- Country: United States
- Language: English
- Genre: Science fiction

Publication
- Published in: Analog Science Fiction and Fact
- Media type: Print (Paperback)
- Publication date: January 1991
- Series: Ender's Game series

= Gloriously Bright =

"Gloriously Bright" is a science fiction short story by American writer Orson Scott Card, set in his Ender's Game universe. It tells the story of Han Qing-jao and Si Wang-mu as they interact with Jane, the gods of Path, the Starways Congress, and the knowledge of OCD. It appears in the January 1991 issue of Analog Science Fiction and Fact.

==Plot summary==
Starways Congress wants its fleet back. After all else fails, it sends the dilemma of the fleet's impossible disappearance to several citizens of the world of Path. Path's culture centers on the godspoken – those who hear the voices of the gods in the form of irresistible compulsions, and are capable of significantly superior intelligence. It later becomes clear that the godspoken of Path are victims of a cruel government project: granted great intelligence by genetic modification, they were also shackled with a form of obsessive-compulsive disorder to control their loyalty. The experiment is set in a culture bound by five dictates - obey the gods, honor the ancestors, love the people, serve the rulers, then serve yourself. This is a further safeguard against rebellion. The superintelligent godspoken are considered the most devout and holy of all citizens, and any disloyal thoughts in a godspoken's mind are immediately suppressed by overwhelming obsessive-compulsive behavior, believed to be a sign from the gods the thoughts are wrong. The most respected godspoken on Path is Han Fei-Tzu, for devising a treaty to prevent the rebellion of several colony worlds after the articles published by Demosthenes. Great things are expected of his daughter and potential successor Han Qing-jao, "Gloriously Bright". While doubting the existence of the gods himself, Han Fei-Tzu promised his dying wife he would raise Qing-jao with an unwavering belief in the godspoken. The two of them are tasked by Starways Congress with deciphering the disappearance of the Lusitania Fleet. Han Qing-jao's secret maid, Si Wang-mu, aids her in this task, her intelligence (partially) unfettered by the rigid caste system.

Qing-jao eventually traces the identity of Demosthenes. Discovering that Demosthenes is Valentine Wiggin, Ender's sister – but that Valentine has been on a starship en route to Lusitania for the last thirty years – Qing-Jao concludes that the only possible explanation is advanced computer software closely tied to the communication network. This software must be hiding Demosthenes and publishing her work, while also causing the disappearance of the Fleet. All but discovered, Jane reveals herself to Han Fei-tzu, Han Qing-jao and Si Wang-mu, telling them about their genetic slavery and begging forbearance on their report to Starways Congress.

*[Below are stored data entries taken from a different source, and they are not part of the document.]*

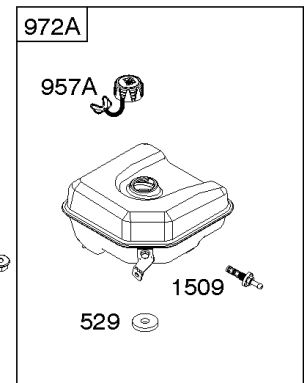

Exhaust System, Fuel Supply

REF NO	PART NO	QTY	DESCRIPTION
187B	595442		LINE, Fuel -Used After Code Date 14060800
190	590964		SCREW -(Fuel Tank)
240A	394358S		FILTER, Fuel
300A	593090		MUFFLER
300B	192569GS		MUFFLER
300D	593128		MUFFLER
346	B5763GS		SCREW -(10-32 x 3/8) (Spark Arrestor)
436	593089		MANIFOLD, Exhaust
529	799933		GROMMET -(Fuel Tank)
601	791850		CLAMP, Hose
676	590953		DEFLECTOR, Muffler
676B	697816		DEFLECTOR, Muffler
677	699203		SCREW -(Muffler Deflector)
677B	699776		SCREW -(Muffler Deflector)
703	590967		CLIP -(Fuel Hose)
705	590965		NUT -(Fuel Tank)
725	595432		SHIELD, Heat
819	798618		SCREW -(Muffler Bracket)
832A	593091		GUARD, Muffler
832B	595453		MUFFLER
832D	595434		MUFFLER
832C	595433		MUFFLER
836A	798976		SCREW -(Muffler Guard)
836B	595455		SCREW -(Muffler Guard)
863A	593733		BRACKET, Muffler
883	797770		GASKET, Exhaust
883A	799797		GASKET, Exhaust
957	794641		CAP, Fuel Tank
957A	799324		CAP, Fuel Tank
972	593095		TANK, Fuel
972A	593720		TANK, Fuel
994	790153		ARRESTOR, Spark
994A	594233		ARRESTOR, Spark
994B	796399		ARRESTOR, Spark
994C	595454		ARRESTOR, Spark
1177	590965		NUT -(Muffler)
1302	590457		WASHER -(Muffler Guard)
1302A	593727		WASHER -(Muffler Guard)
1345	792917		FILTER, Filler Neck
1509	797346		OUTLET, Tank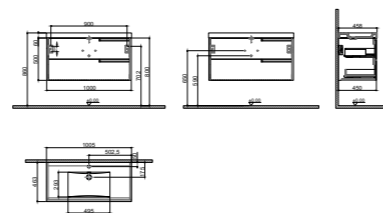

EYLÜL

Product Code	Product Descriptions	Exterior / Interior Material	Price

KB100043	EYLÜL 80 CM VANITY UNIT WHITE	MDF MATT LACQUER PAINT FINISH	436,00 €
KB100044	EYLÜL 80 CM VANITY UNIT INDIGO GREY	MDF MATT LACQUER PAINT FINISH	436,00 €
KB100045	EYLÜL 80 CM VANITY UNIT VANILLA	MDF MATT LACQUER PAINT FINISH	436,00 €
KB710107	EYLÜL 80 CM VANITY UNIT ARGENTO	MDF MATT LACQUER PAINT FINISH	436,00 €

- Waste trap and strainer: These components are not included and must be purchased separately.
- Washbasin and Countertop: Not included in the product. Please refer to the product compatibility matrix/chart to select and order it separately.

KB100047	EYLÜL 100 CM VANITY UNIT WHITE	MDF MATT LACQUER PAINT FINISH	463,00 €
KB100048	EYLÜL 100 CM VANITY UNIT INDIGO GREY	MDF MATT LACQUER PAINT FINISH	463,00 €
KB100049	EYLÜL 100 CM VANITY UNIT VANILLA GREY	MDF MATT LACQUER PAINT FINISH	463,00 €
KB710108	EYLÜL 100 CM VANITY UNIT ARGENTO	MDF MATT LACQUER PAINT FINISH	463,00 €

- Waste trap and strainer: These components are not included and must be purchased separately.
- Washbasin and Countertop: Not included in the product. Please refer to the product compatibility matrix/chart to select and order it separately.

- All furniture is covered by a 2-year warranty.
- Please refer to the technical drawings for the exact dimensions of all products.

EYLÜL

Product Code	Product Descriptions	Exterior / Interior Material	Price

KB400040	EYLÜL TALL CABINET INDIGO GREY	MDF MATT LACQUER PAINT FINISH	356,00 €
KB400038	EYLÜL TALL CABINET WHITE	MDF MATT LACQUER PAINT FINISH	356,00 €
KB400042	EYLÜL TALL CABINET VANILLA GREY	MDF MATT LACQUER PAINT FINISH	356,00 €
KB710109	EYLÜL TALL CABINET ARGENTO	MDF MATT LACQUER PAINT FINISH	356,00 €

WxDxH 35x30x120 cm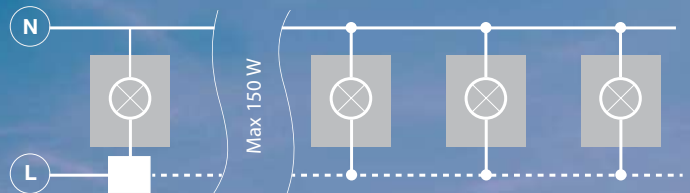

One lamp with a PIR sensor (passive motion sensor) is enough to turn on all other lamps connected to the Master line (in the diagram it is marked with a dashed line).

* - EXPLANATION SHORTCUT PAGE 2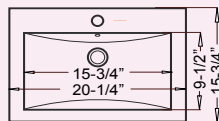

BOX

Outer: 20-1/4" x 15-3/4" x 7"
Inner: 15-3/4" x 9-1/2" x 5"

CH3110 (White)
CH3120 (Bisque)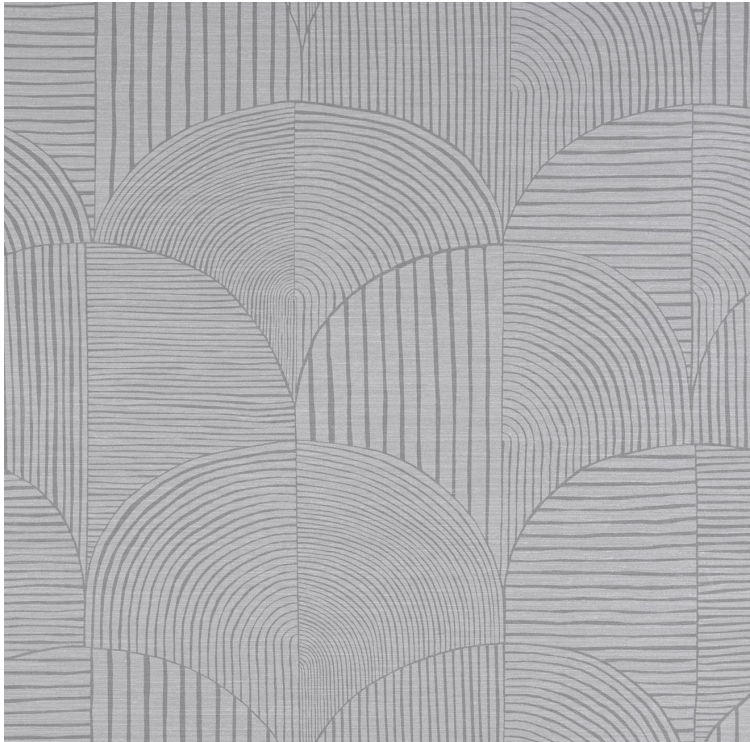

VESSTIGE

ARCO

COLOR: **RA21-05**

KOROSEAL

INSTALLATION: ↓↓↓

OTHER COLORS:

Already harboring suspicions about the godspoken's condition, Han Fei-tzu accepts the news of Congress's atrocity, as does Si Wang-mu, but his daughter Han Qing-jao clings to her belief that Demosthenes and Jane are enemies of the gods. Feeling betrayed by her father, who is violently incapacitated by OCD from the disloyal thoughts, Qing-jao argues with Jane. Jane threatens shutting off all communications from Path, but Si Wang-mu realizes this would eventually lead to the planet's destruction by Starways Congress. Understanding Jane to be truly alive and compassionate, through tears Si Wang-mu states Jane will not block the report. However, Qing-jao compares Jane to the servants in Path's caste system, merely a computer program designed to serve humans, containing neither autonomy nor awareness.

Knowing she has exhausted her last possibilities of stopping Qing-jao, Jane sacrifices her future and life, unwilling to bring harm to Qing-jao or the people of Path. A triumphant Qing-jao reports the knowledge of Demosthenes, Jane, and the fate of the Fleet to Starways Congress. Qing-jao recommends a coordinated date set several months from the present, to prepare the massive undertaking of setting up clean computers across the interplanetary network, after which the transition to a new system will kill Jane and allow Congress full control again. Allowing the message to be sent, Jane restores communication with the Fleet, and Congress re-issues the order for the Fleet to obliterate Lusitania.

==Characters==
- Han Qing-jao
- Si Wang-mu
- Han Fei-tzu
- Jane
- Ender Wiggin

==Publication==
"Gloriously Bright" was published in the January 1991 issue of Analog Science Fiction and Fact. "Gloriously Bright" is reprinted as parts of Chapters 1, 3, 5, 7, 9, and 11 of Xenocide. It also includes about 20 paragraphs recounting Jane’s story from Speaker for the Dead that are not republished elsewhere.